[Records contained in a dataset]
################

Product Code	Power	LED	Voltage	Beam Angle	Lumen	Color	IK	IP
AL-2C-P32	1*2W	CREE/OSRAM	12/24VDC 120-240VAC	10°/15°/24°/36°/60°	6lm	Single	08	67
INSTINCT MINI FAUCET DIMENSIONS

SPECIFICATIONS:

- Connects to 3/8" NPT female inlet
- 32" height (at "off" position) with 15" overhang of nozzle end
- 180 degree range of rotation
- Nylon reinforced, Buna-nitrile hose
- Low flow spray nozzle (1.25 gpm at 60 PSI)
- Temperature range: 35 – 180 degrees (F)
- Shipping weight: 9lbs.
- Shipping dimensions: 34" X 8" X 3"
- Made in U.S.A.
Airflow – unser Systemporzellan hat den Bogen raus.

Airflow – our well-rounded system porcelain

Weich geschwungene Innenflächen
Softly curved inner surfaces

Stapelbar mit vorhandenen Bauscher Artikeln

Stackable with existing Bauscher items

################

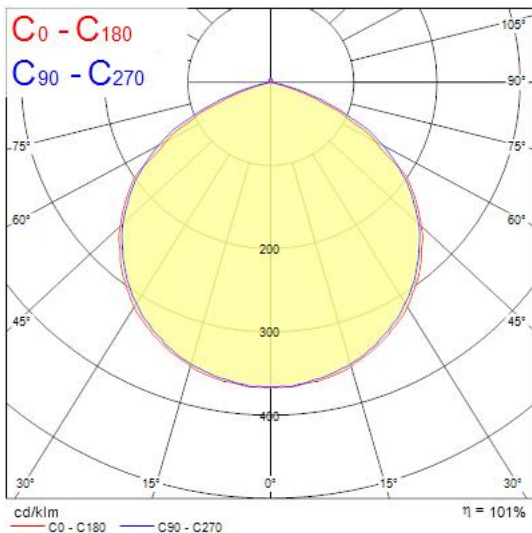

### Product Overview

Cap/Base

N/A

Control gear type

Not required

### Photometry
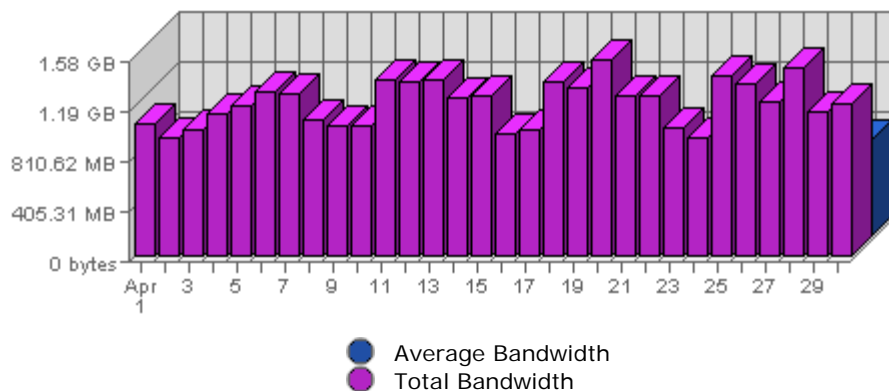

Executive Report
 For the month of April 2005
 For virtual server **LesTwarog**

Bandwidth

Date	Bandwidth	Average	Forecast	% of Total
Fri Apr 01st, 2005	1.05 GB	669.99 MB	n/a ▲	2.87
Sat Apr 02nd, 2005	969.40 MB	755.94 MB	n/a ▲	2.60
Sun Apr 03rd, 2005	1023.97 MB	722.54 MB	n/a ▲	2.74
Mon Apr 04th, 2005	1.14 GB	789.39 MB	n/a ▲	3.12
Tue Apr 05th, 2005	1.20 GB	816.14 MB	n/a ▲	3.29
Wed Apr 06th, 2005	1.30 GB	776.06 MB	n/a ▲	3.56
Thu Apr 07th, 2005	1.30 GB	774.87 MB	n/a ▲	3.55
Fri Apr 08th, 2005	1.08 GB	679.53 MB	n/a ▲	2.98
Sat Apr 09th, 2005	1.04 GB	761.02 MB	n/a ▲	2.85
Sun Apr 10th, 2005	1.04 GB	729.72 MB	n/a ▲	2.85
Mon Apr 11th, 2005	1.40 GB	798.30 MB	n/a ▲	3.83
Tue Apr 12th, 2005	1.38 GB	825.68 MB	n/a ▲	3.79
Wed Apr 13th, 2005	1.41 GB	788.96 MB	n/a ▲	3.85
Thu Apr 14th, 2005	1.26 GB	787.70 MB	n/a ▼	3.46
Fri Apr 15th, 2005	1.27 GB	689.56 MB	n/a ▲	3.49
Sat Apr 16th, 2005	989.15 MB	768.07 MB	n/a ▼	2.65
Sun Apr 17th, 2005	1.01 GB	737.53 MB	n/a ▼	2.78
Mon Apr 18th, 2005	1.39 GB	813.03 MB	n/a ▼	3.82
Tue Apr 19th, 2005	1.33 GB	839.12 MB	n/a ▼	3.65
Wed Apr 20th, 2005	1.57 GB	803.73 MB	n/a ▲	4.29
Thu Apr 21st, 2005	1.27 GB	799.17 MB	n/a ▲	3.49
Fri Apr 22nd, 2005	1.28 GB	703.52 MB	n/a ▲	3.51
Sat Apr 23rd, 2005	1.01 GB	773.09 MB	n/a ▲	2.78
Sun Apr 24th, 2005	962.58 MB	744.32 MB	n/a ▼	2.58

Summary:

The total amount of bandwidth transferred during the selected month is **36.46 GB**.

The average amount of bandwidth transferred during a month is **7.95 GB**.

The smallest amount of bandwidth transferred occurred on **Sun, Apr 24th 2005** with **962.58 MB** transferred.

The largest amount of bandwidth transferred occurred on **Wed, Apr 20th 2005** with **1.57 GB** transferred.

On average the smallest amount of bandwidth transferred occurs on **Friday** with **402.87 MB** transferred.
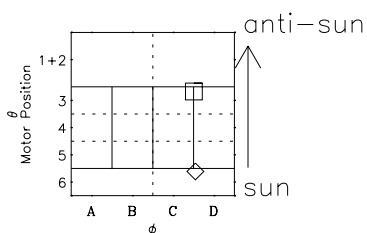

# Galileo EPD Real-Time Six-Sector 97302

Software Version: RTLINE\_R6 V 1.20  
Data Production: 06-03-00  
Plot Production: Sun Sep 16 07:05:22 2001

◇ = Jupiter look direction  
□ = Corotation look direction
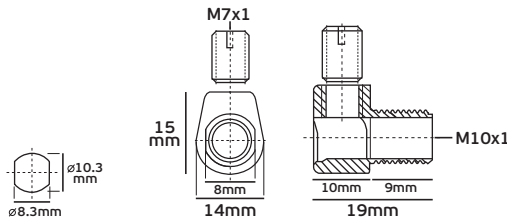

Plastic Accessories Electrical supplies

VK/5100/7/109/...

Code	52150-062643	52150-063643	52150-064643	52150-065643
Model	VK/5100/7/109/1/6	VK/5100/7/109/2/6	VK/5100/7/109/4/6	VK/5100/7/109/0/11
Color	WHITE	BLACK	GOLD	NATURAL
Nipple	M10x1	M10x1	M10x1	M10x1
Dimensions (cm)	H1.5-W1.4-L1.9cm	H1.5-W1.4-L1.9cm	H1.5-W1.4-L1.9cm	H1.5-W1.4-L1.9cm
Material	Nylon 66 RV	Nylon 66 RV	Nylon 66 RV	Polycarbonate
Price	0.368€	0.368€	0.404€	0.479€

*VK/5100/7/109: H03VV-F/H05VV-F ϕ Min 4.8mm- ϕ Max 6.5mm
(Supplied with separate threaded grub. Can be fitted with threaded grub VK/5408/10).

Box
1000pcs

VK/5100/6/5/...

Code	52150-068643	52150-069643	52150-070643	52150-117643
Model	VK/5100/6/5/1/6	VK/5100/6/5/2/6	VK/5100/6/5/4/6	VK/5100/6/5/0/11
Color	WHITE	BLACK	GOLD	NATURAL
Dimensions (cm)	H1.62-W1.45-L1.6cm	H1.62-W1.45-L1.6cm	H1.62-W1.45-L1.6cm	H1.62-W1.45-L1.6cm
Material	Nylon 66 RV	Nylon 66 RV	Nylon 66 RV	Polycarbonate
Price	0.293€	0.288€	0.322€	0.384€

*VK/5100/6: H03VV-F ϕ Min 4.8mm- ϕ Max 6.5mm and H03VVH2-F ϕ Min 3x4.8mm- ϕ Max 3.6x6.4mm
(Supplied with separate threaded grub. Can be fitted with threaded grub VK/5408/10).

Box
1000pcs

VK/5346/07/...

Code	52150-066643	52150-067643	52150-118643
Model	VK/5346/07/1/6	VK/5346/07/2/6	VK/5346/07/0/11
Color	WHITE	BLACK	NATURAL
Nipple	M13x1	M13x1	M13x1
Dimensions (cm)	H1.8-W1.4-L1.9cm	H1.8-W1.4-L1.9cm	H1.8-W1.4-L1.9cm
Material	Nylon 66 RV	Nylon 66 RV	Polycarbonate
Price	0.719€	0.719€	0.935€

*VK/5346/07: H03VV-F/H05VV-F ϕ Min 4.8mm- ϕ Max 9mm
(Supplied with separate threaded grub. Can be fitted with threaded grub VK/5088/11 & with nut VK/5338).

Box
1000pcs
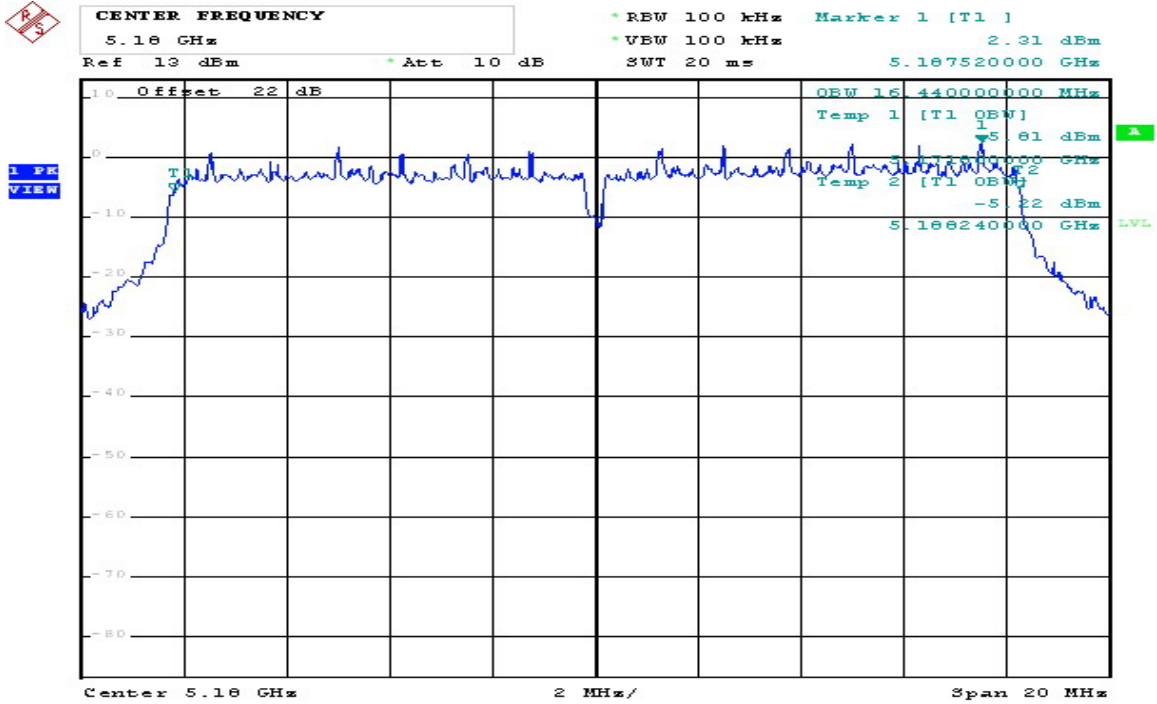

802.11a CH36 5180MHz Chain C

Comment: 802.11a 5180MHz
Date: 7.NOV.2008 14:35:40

################

__Exercise__: Reproduce exactly the section above that begins at the line containing "- Made in U.S.A." and ends at the line containing "Stackable with existing Bauscher items", leaving out all other lines.

__Finished exercise__:
- Made in U.S.A.
Airflow – unser Systemporzellan hat den Bogen raus.

Airflow – our well-rounded system porcelain

Weich geschwungene Innenflächen
Softly curved inner surfaces

Stapelbar mit vorhandenen Bauscher Artikeln

Stackable with existing Bauscher items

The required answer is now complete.